- _RECORDS FOR THE TASK_
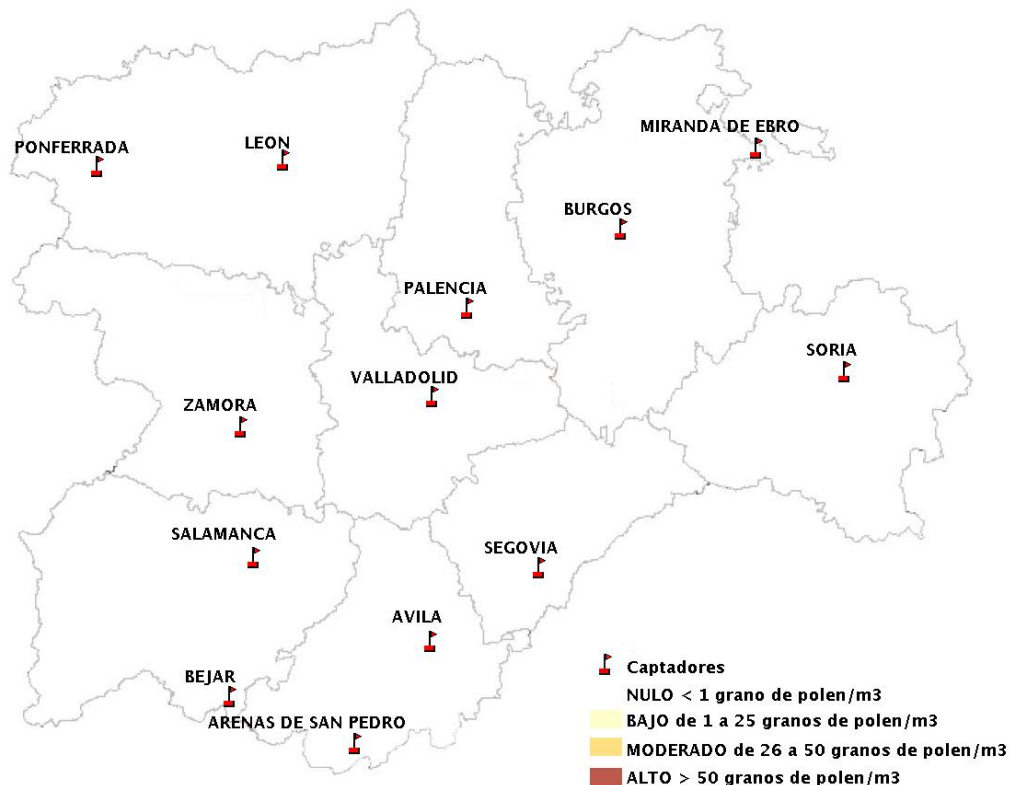

(ORDEN SAN/417/2010, de 26 marzo, por la que se crea el Registro Aerobiológico de Castilla y León.)

Mapa de previsión de Niveles de Polen:URTICACEAE del Jueves 9-3-17 al Domingo 12-3-17

Mapa de previsión de Niveles de Polen:PLATANUS del Jueves 9-3-17 al Domingo 12-3-17

Mapa de previsión de Niveles de Polen:POACEAE del Jueves 9-3-17 al Domingo 12-3-17

Mapa de previsión de Niveles de Polen:OLEA del Jueves 9-3-17 al Domingo 12-3-17

Mapa de previsión de Niveles de Polen:RUMEX del Jueves 9-3-17 al Domingo 12-3-17
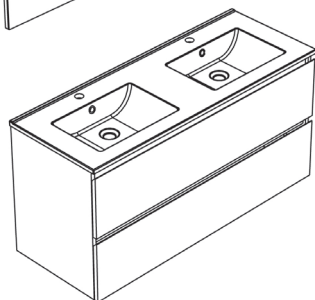

2 lades / tiroirs
120 x 60 x 46 cm
Ref. 245580
€ 690,00
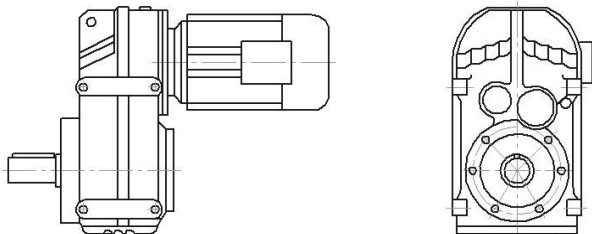

ПРЕИМУЩЕСТВА

ПРОФЕССИОНАЛЬНЫЙ
РАСЧЕТ И ПОДБОР
РЕДУКТОРА ПОД ВАШИ
ПАРАМЕТРЫ

НАПРЯМУЮ ОТ
ИЗГОТОВИТЕЛЯ

ДОСТАВКА ПО
РОССИИ И СНГ

ПОСТАВКА ТОЧ
В УКАЗАННЫ
СРОК

МОДЕЛИ РЕДУКТОРОВ:

РЕДУКТОР ИСПОЛНЕНИЯ F

Выходной цилиндрический вал.
Редуктор монтируется с помощью крепежных отверстий на корпусе редуктора.

РЕДУКТОР ИСПОЛНЕ

Полый выходной вал со шпоночным пазом.
Редуктор монтируется с помощью крепежных отверстий на корпусе редуктора, либо на вал оборудования.

Габарит редуктора	Ном.крутящий момент, Н·м	Диапазон передаточных отношений	Габаритные размеры, L x B x H, мм (без двигателя)	Масса, кг (без двигателя)
F37	200	3,77...128,51	123 x 165 x 252	13
F47	400	4,99...190,76	153 x 180 x 269	18
F57	600	5,18...199,7	170 x 200 x 317	25
F67	820	3,97...228,99	184 x 212 x 343	31
F77	1500	4,28...281,71	213 x 270 x 426	55
F87	3000	4,12...270,68	243 x 330 x 531	96
F97	4300	4,57...276,77	303 x 400 x 623	157
F107	7840	6,22...254,4	353 x 450 x 717	241
F127	12000	4,68...170,83	413 x 530 x 856	401
F157	18000	11,92...267,43	503 x 660 x 1021	632
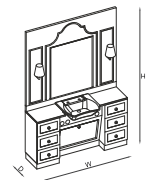

MAJESTY CABINET

W : 185 cm  
D : 43 cm  
H : 232 cm

Ares

ARES BLACK BA

Antique Man

ANTIQUÉ MAN

W : 170 cm  
D : 42 cm  
H : 230 cm

Ronin
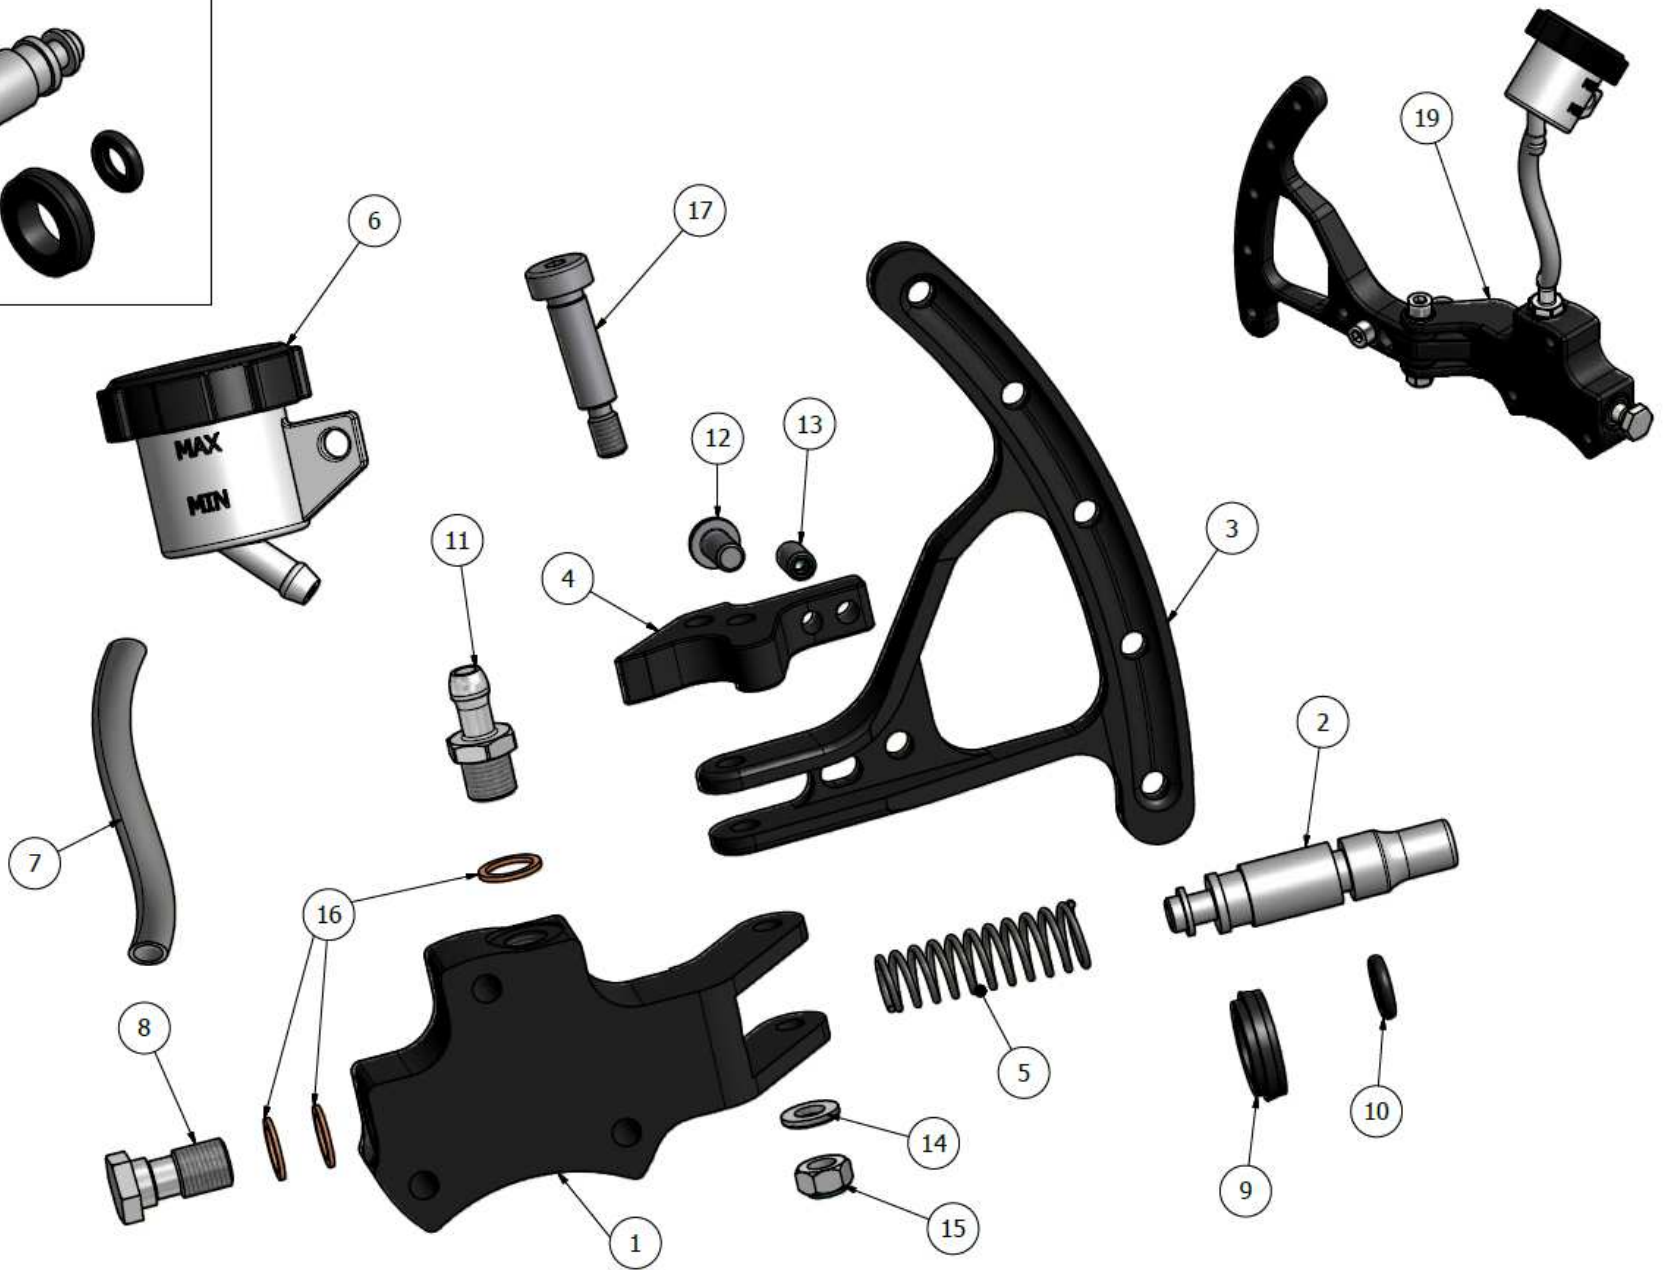

Predné brzové kotúče a príslušenstvo

Dischi freno anteriori e accessori

Front brake discs and accessories

	CODE	NÁZOV	DESCRIZIONE	ITEMS	EURO
1	KN0601	Al predný náboj KF+KZ l = 75mm	Al Mozzo Anteriore KF+KZ l = 75 mm	Al Front Hub KF+KZ l = 75 mm	
1	KN0602	Al predný náboj KF+KZ l = 95 mm	Al Mozzo Anteriore KF+KZ l = 95 mm	Al Front Hub KF+KZ l = 95 mm	
1	KN0701	Mg predný náboj KF+KZ l = 75 mm	Mg Mozzo Anteriore KF+KZ l = 75 mm	Mg Front Hub KF+KZ l = 75 mm	
1	KN0702	Mg Predný náboj KF+KZ l = 95 mm	Mg Mozzo Anteriore KF+KZ l = 95 mm	Mg Front Hub KF+KZ l = 95 mm	
2	KU0661	Skrutka M6/Ø6 predného unášača brzového kotúča	Vito M6/Ø6 per portadisco anteriore	M6/Ø6 for front brake disc holder	
3	KU0653	Ložisko	Cuscinetti	Bearing	
4	KU0652	Čap predného plavného unášača KZ	Perno per portadisco anteriore KZ	Stud for front brake disc holder KZ	
5	KU0654	Rozperný krúžok 10mm	distanziale anello 10mm	Spacer ring 10mm	
6	KU0650	Al unášač predného brzového kotúča KZ – vnútro	Al portadisco anteriore KZ – interno	Al front brake disc holder KZ – internal part	
7	KU0608	Al unášač predného brzového kotúča KF	Al portadisco anteriore KF	Al front brake disc holder KF	
8	KU0651	Al unášač predného brzového kotúča KZ – vonkajšok	Al portadisco anteriore KZ – esterno	Al front brake disc holder KZ – external part	
9	KU0665	Podložka plavného unášača brzd. kotúča KZ	Tap	Washer	
10	KU0657	Poistný krúžok predného unášača brzového kotúča	Anello di sicurezza per portadisco anteriore KZ	Circlip for front brake disc holder KZ	
11	KU0659	Poistný krúžok čapu predného brzového kotúča KZ	Anello di sicurezza	Circlip	
12	KB0833-L	Brzdový kotúč KZ plavný– ľavý	Disco Freno Anteriore KZ SX Ø156x12	Front Brake Disc KZ left Ø156x12	
12	KB0833-R	Brzdový kotúč KZ plavný– pravý	Disco Freno Anteriore KZ DX Ø156x12	Front Brake Disc KZ right Ø156x12	
12	KB0833	Sada predných brzových kotúčov KZ- plavných	Disco freno anteriore KZ- kit	Front brake disc KZ- set	
13	KU0658	Skrutka predného brzového kotúča KZ	Vito freno anteriore disco KZ	Screw front brake disc KZ	
14	KB0834	Predný brzový kotúč KF Ø143x3mm -plavný	Disco Freno Anteriore KF Ø143x3 - flottante	Front Brake Disc KF Ø143x3 - floating	
15	KB0837	Čap predného plavného unášača KF	Perno per portadisco anteriore KF	Stud for front brake disc holder KF	
16	KB8132	Brzdová hadička predná KZ	Tubo Freno Anteriore KZ	Front Brake Line KZ	
17	KB8133	Brzdová hadička predná KF	Tubo Freno Anteriore KF	Front Brake Line KF	
18	KB0839	Al unášač brzd. kotúča KZ - plavný	Al portadisco KZ flottante	Al front brake disc holder KZ float.	
19	KU0606	Al unášač brzd. kotúča KF - plavný	Al portadisco KF flottante	Al front brake disc holder KF float.	
20	KB0840-L	Al unášač brzd. kotúča KZ - plavný+brzd.kotúč - ľavý	Al portadisco KZ flottante - SX + disco freno	Al front brake disc holder KZ float. + brake disc	
20	KB0840-R	Al unášač brzd. kotúča KZ - plavný+brzd.kotúč - pravý	Al portadisco KZ flottante - DX disco freno	Al front brake disc holder KZ float. + brake disc	
21	KB0841	Al unášač brzového kotúča KF plavný+brzdový kotúč	Al portadisco KF flottante + disco freno	Al front brake disc holder KF float. + brake disc

- _WHAT IS BEING ASKED_
What must be returned is only the number of lines in the records that hold the word "Poistný".

- _WRITTEN SOLUTION_
2